Bankrate users taking out personal loans from Happy Money have followed the below trends and stats:

  • Average funded loan amount: $16,800
  • Funded loan range: $7,500-$40,000
  • Average funding time: 10.7 days
  • Average APR of funded loan: 15.52%
  • Amount of loans funded through Bankrate since 2022: 920
  • Popular loan purpose trends: 62.2% of Happy Money borrowers on Bankrate take out personal loans to consolidate debt, more than any other loan purpose.

Happy Money is best for credit card consolidation for fair credit borrowers

Happy Money offers a specialized debt consolidation product called The Payoff Loan for borrowers with at least a 640 credit score that can be used to pay off credit card debt. The highest interest rate you’ll pay is 17.99 percent — much lower than the 36 percent cap at other debt consolidation lenders. 

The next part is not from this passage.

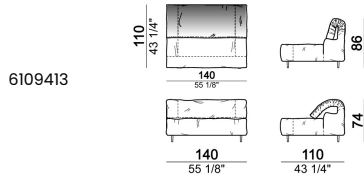

Central unit

Happy Money is also a good pick if you prefer the added security of only dealing with the federally insured credit unions and community lenders it partners with for its loan offerings. Other personal loan lenders aren’t as transparent about the funding source for their loan products. 

Happy Money also provides encouraging data about how their debt consolidation product has helped customers. A study of loans funded from March 2021 to August 2021 showed an average 40 point increase in the credit scores of Happy Money Members who paid off at least $5,000 worth of credit card debt. 

Happy Money personal loan purposes

A unique feature — and limitation — of Happy Money is that its loan product can only be used to consolidate credit card debt. While other lenders allow the funds to be used for any purpose, you must use the funds from a Happy Money loan to pay off credit card debt.

While this may seem limiting, it can also be a useful tool. Because the APR is capped at 17.99, you aren't likely to get a rate that is over your current credit card rate. And it will send funds straight to your creditors, which lightens the amount of work you have to do post funding to just making your loan payments on time.

Where Happy Money stands out

  • Offers a product focused on credit card consolidation: Borrowers can replace high interest variable-rate credit cards with one loan that has a fixed payment and lower rate.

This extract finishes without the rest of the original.